Goal of the exercise: Exact copy, no pictures: output all the records that follow.

==== Input data ====

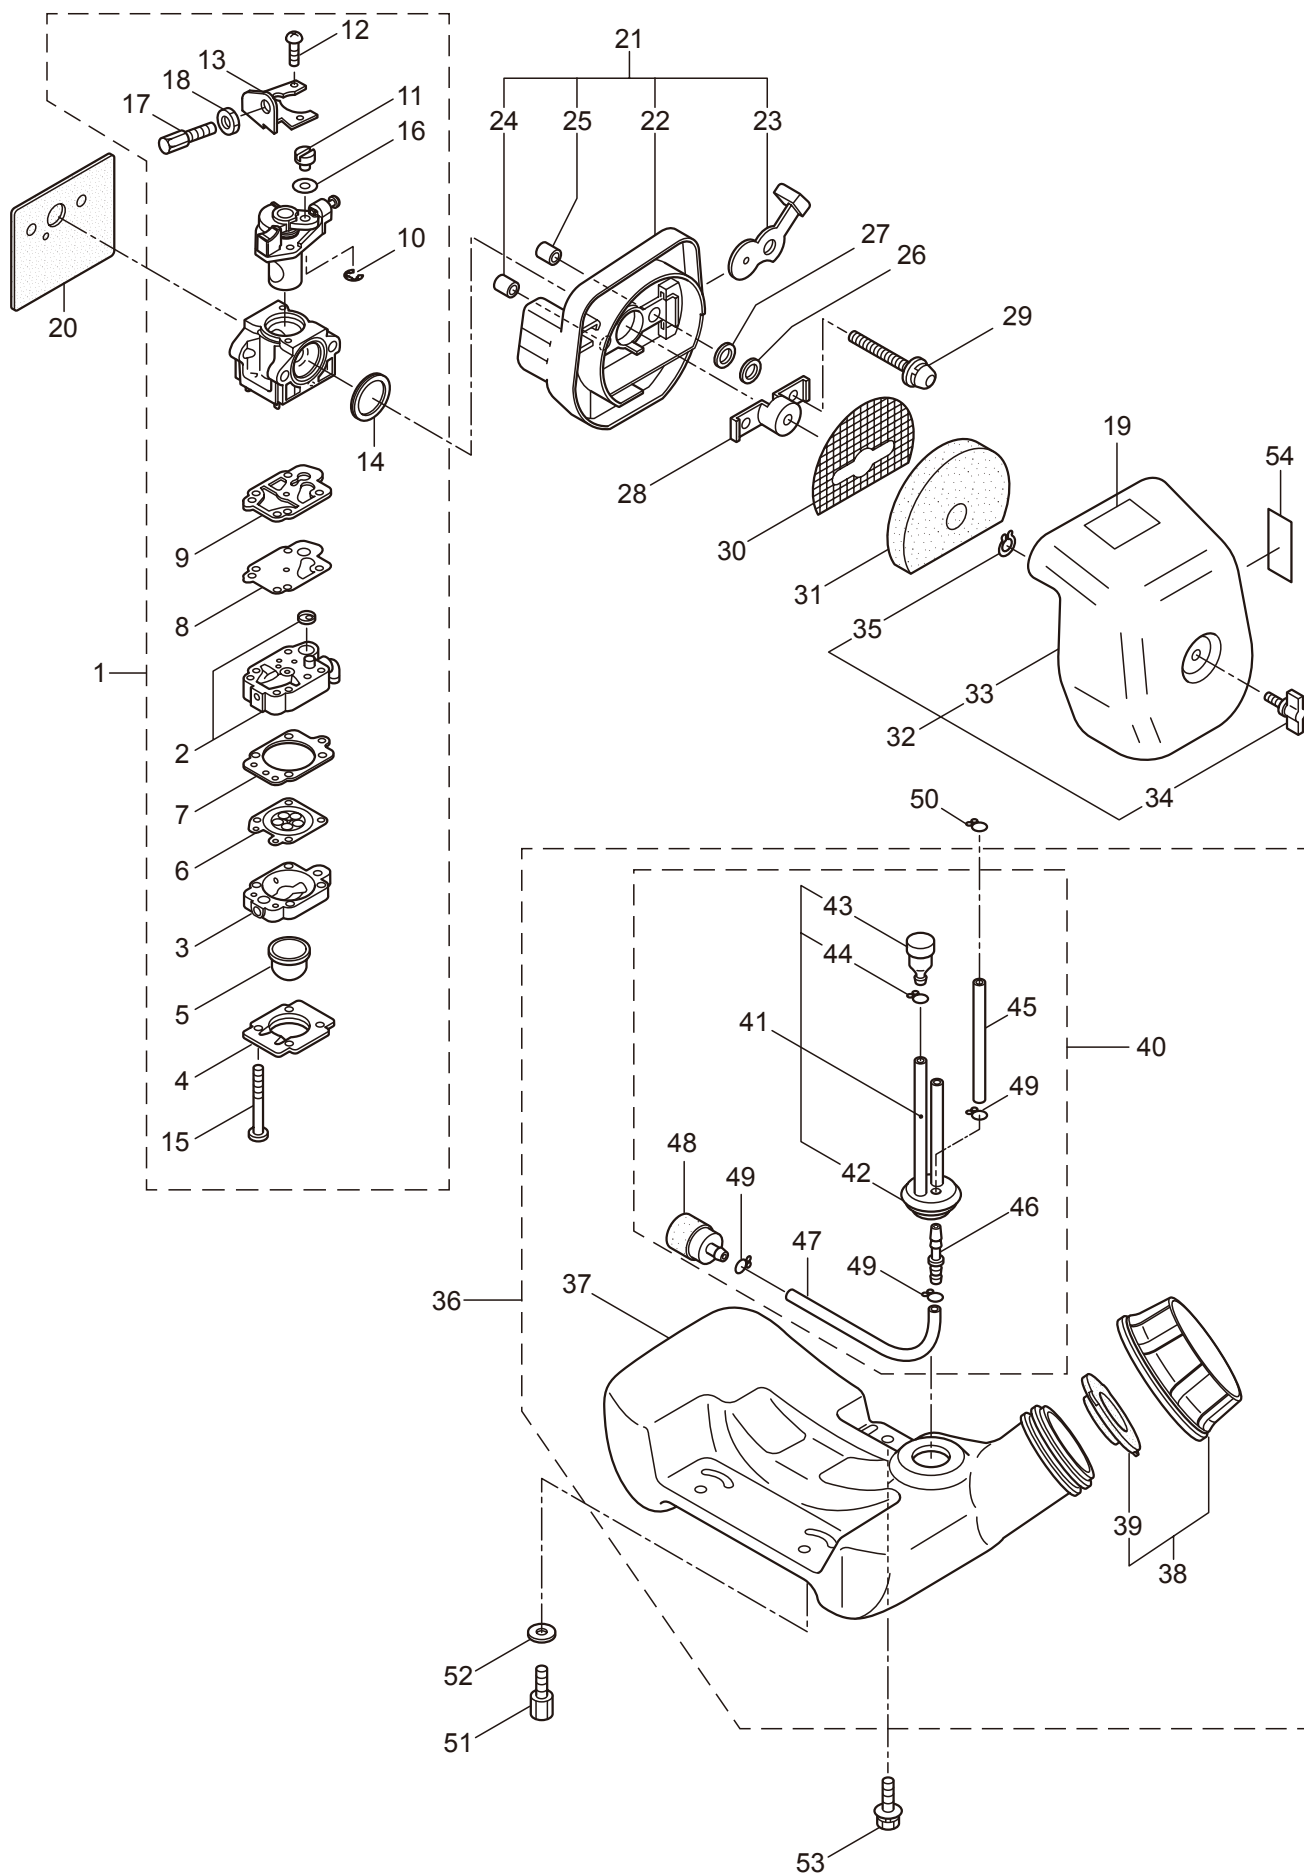

5. MS75E
CARBURETOR, FUEL TANK

Ref. No.	Part No.	Part Name	Q'ty	Remarks
5-1	282542	Carburetor Ass'y	1	Incl.2-18 New gasket required
5-2	264155	Pump Body	1	
5-3	262991	Purge Body	1	
5-4	262992	Cover Plate	1	
5-5	261874	Primer Bulb	1	
5-6	283905	Diaphragm, Meterring	1	
5-7	262993	Gasket	1	
5-8	262994	Diaphragm,Fuel Pump	1	
5-9	282576	Gasket	1	
5-10	261876	E-Ring	1	
5-11	261658	Swivel	1	
5-12	261875	Screw	2	
5-13	264677	Bracket	1	
5-14	261657	Packing	1	
5-15	262996	Screw	4	
5-16	264678	Washer	1	
5-17	263994	Adapter	1	
5-18	261878	Nut	1	
5-19	285188	Label	1	
5-20	269762	Gasket	1	
5-21	268055	Air Filter Case Ass'y	1	Incl.22-25
5-22	268056	Air Filter Case	1	
5-23	268057	Valve	1	
5-24	268157	Sleeve	1	5.5x7.1x6L
5-25	268412	Sleeve	1	5.5x7.1x6.6L
5-26	263345	Packing	1	7.2x11xt1.3
5-27	263942	Washer	1	7.2x12xt0.15
5-28	263815	Stay	1	
5-29	264016	Cap Screw	2	M5x60
5-30	265026	Screen	1	
5-31	265027	Foam Element	1	
5-32	268058	Air Filter Cover Ass'y	1	Incl.33-35
5-33	268059	Air Filter Cover	1	
5-34	281438	Knob	1	
5-35	261734	Snap Ring	1	#5
5-36	289037	Fuel Tank Ass'y	1	Incl.37-49
5-37	285224	Fuel Tank	1	
5-38	289043	Fuel Tank Cap Ass'y	1	Incl.39
5-39	287058	Gasket	1	
5-40	289035	Fuel Pipe Pick-up Ass'y	1	Incl.41-49
5-41	289036	Fuel Pipe Ass'y	1	Incl.42-44
5-42	268065	Grommet	1	
5-43	261590	Breather	1	
5-44	261117	Clip	1	
5-45	289028	Pipe A	1	3x5x53L

====

Solution to this exercise:
5. MS75E
CARBURETOR, FUEL TANK

Ref. No.	Part No.	Part Name	Q'ty	Remarks
5-1	282542	Carburetor Ass'y	1	Incl.2-18 New gasket required
5-2	264155	Pump Body	1	
5-3	262991	Purge Body	1	
5-4	262992	Cover Plate	1	
5-5	261874	Primer Bulb	1	
5-6	283905	Diaphragm, Meterring	1	
5-7	262993	Gasket	1	
5-8	262994	Diaphragm,Fuel Pump	1	
5-9	282576	Gasket	1	
5-10	261876	E-Ring	1	
5-11	261658	Swivel	1	
5-12	261875	Screw	2	
5-13	264677	Bracket	1	
5-14	261657	Packing	1	
5-15	262996	Screw	4	
5-16	264678	Washer	1	
5-17	263994	Adapter	1	
5-18	261878	Nut	1	
5-19	285188	Label	1	
5-20	269762	Gasket	1	
5-21	268055	Air Filter Case Ass'y	1	Incl.22-25
5-22	268056	Air Filter Case	1	
5-23	268057	Valve	1	
5-24	268157	Sleeve	1	5.5x7.1x6L
5-25	268412	Sleeve	1	5.5x7.1x6.6L
5-26	263345	Packing	1	7.2x11xt1.3
5-27	263942	Washer	1	7.2x12xt0.15
5-28	263815	Stay	1	
5-29	264016	Cap Screw	2	M5x60
5-30	265026	Screen	1	
5-31	265027	Foam Element	1	
5-32	268058	Air Filter Cover Ass'y	1	Incl.33-35
5-33	268059	Air Filter Cover	1	
5-34	281438	Knob	1	
5-35	261734	Snap Ring	1	#5
5-36	289037	Fuel Tank Ass'y	1	Incl.37-49
5-37	285224	Fuel Tank	1	
5-38	289043	Fuel Tank Cap Ass'y	1	Incl.39
5-39	287058	Gasket	1	
5-40	289035	Fuel Pipe Pick-up Ass'y	1	Incl.41-49
5-41	289036	Fuel Pipe Ass'y	1	Incl.42-44
5-42	268065	Grommet	1	
5-43	261590	Breather	1	
5-44	261117	Clip	1	
5-45	289028	Pipe A	1	3x5x53L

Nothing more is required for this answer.